- Visit of Saludo at the PNP Headquarters at Camp Crame, Quezon City, Philippines in 2008.

Chairperson of the Civil Service Commission
- Ad interim
- In office April 1, 2008 – September 30, 2009
- President: Gloria Macapagal Arroyo
- Preceded by: Karina Constantino David
- Succeeded by: Francisco Duque III

Cabinet Secretary of the Philippines
- In office January 20, 2001 – June 30, 2004
- President: Gloria Macapagal Arroyo
- Preceded by: Alexander Aguirre
- Succeeded by: Silvestre Bello III

Head of the Presidential Management Staff (With the Rank of Secretary)
- In office 2003–2004
- President: Gloria Macapagal Arroyo

Personal details
- Alma mater: University of London Ateneo de Manila University
- Occupation: Public servant

= Ricardo Saludo =

Filipino public servant

Ricardo L. Saludo is the former chairperson of the Philippine Civil Service Commission. Under his term as chairperson, the SSL-3 or the third Salary Standardization Law (SSL) was passed, resulting to a hike in monthly compensation of all government officials and employees.

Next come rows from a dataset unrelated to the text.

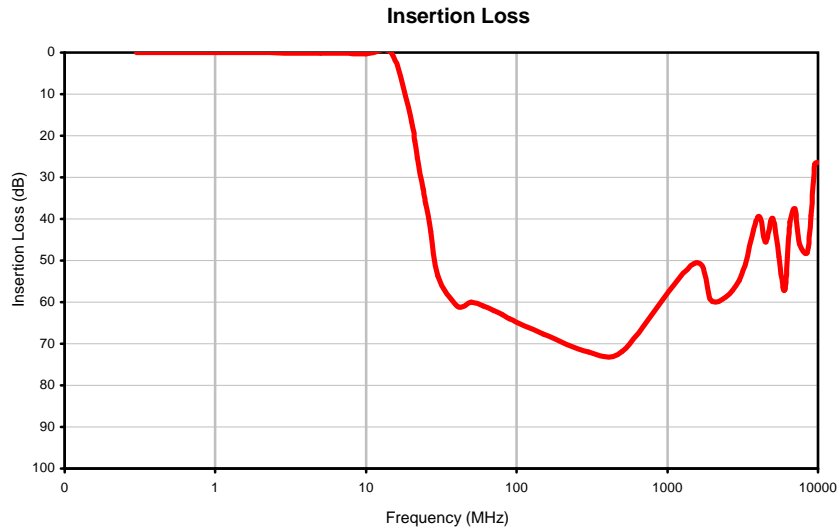

Typical Performance Curves

IF/RF MICROWAVE COMPONENTS • ISO 9001 ISO 14001 AS 9100 CERTIFIED RoHS compliant
P.O. Box 350166, Brooklyn, New York 11235-0003 (718) 934-4500 Fax (718) 332-4661

The Design Engineers Search Engine finds the model you need, Instantly • For detailed performance specs & shopping online see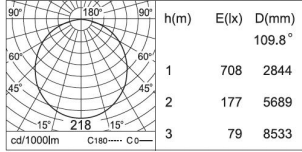

PHOTOMETRICS:

WWW.BULLARDCOLLECTION.COM

- TECHNICAL
- OUTDOOR
- DECORATIVE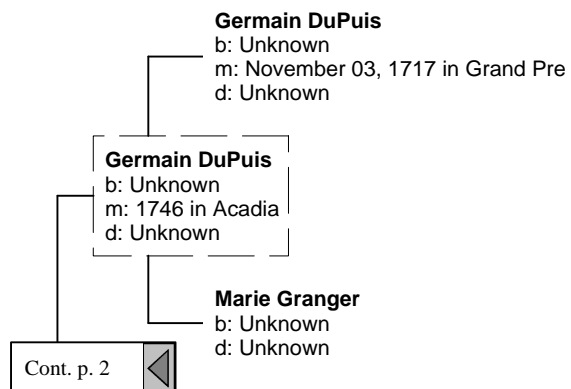

Catherine Gaugch
 b: 1607 in de Thury-Harcourt, Bayeux,
 Normandie
 d: April 09, 1679 in Quebec, Canada

Anne Felicite Bonhomme
 b: October 07, 1673 in Quebec, Canada
 d: Unknown

Noel Morin
 b: 1606 in de St. Etienne de Brie, Comte
 Rohert, France
 m: January 09, 1639/40 in Quebec, Canada
 d: February 10, 1679/80 in Quebec, Canada

Standard Pedigree Tree (12 of 38)

Standard Pedigree Tree (13 of 38)

Standard Pedigree Tree (14 of 38)

Standard Pedigree Tree (15 of 38)

Standard Pedigree Tree (16 of 38)

Standard Pedigree Tree (17 of 38)

Standard Pedigree Tree (18 of 38)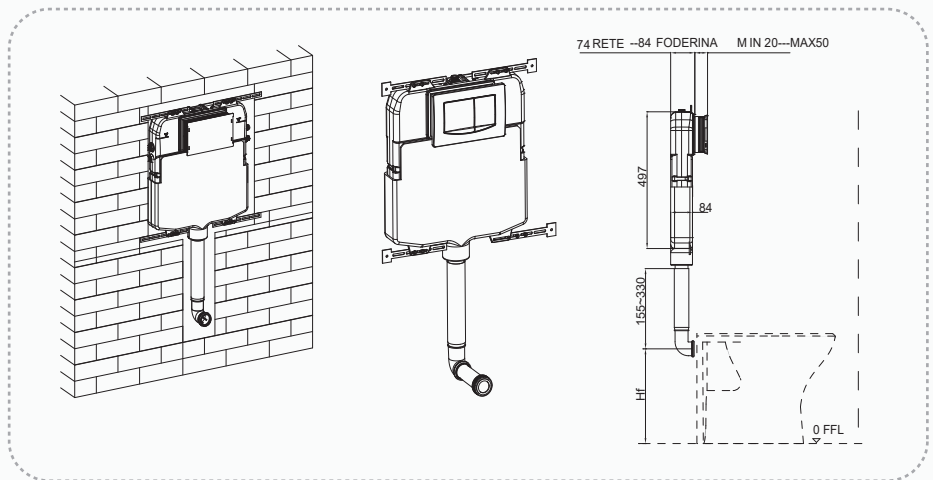

NOVATEC

Innovative Bathroom Solutions

CONCEALED FLUSHING CISTERNS

MECHANICAL SLIM CONCEALED FLUSHING CISTERN

NV701 Universal Frame for Wall-hung WC for front operation :

For wall-hung WC

Thickness of cistern 90mm, height 1160mm
 Adjustable dual flush valve: 3/4.5L, 3/6L, 4/7L
 Water supply connection R 1/2"
 HDPE outlet bend

NV703 Universal Concealed Cistern for front operation :

Concealed cistern for front operated

Thickness of cistern 84mm, height 1100mm
 Adjustable dual flush valve: 3/4.5L, 3/6L, 4/7L
 Water supply connection R 1/2"

PNEUMATIC CONCEALED FLUSHING CISTERN

NV720 Universal Frame for Wall-hung WC for front or top operation :

For wall-hung WC

Range option for front or top operated

Thickness of cistern 150mm, height 820mm

Adjustable dual flush valve: 3/4.5L, 3/6L, 4/7L

Water supply connection R 1/2"

NV710 FOR FRONT OR TOP OPERATION

In-Vanity Concealed Cistern For Front or Top Operated

Thickness of cistern 120mm, height 790mm

Adjustable dual flush valve: 3/4.5L, 3/6L, 4/7L

He served the Philippine government, particularly the executive branch, in various capacities: head of the Presidential Management Staff, Cabinet Secretary, and Deputy Presidential Spokesperson to President Gloria Macapagal Arroyo.

==Education==
Saludo earned his Master of Science (MS) degree, major in public policy and management, from the University of London. He completed his undergraduate studies in 1977 at the Ateneo de Manila University with a bachelor's degree in literature, cum laude.

==Outside government==
Saludo worked as a senior business editor of AsiaWeek from 1989 to 1995. He later became a commentator of Asia Affairs for CNN and CNBC news networks from 1995 to 2001. He also worked as the assistant managing director of AsiaWeek magazine from 1996 to 2001. In 2002, he left the private sector to join the Arroyo administration.

Presently, he is the managing director, and co-founder along with fellow former presidential spokesperson Sec. Gary Olivar, of the Center for Strategy, Enterprise, and Intelligence, a management and media consultancy firm. He is also lecturer at the National College of Public Administration and Governance (NCPAG) of the University of the Philippines. He teaches the course The Administrator in the Philippine Public Service.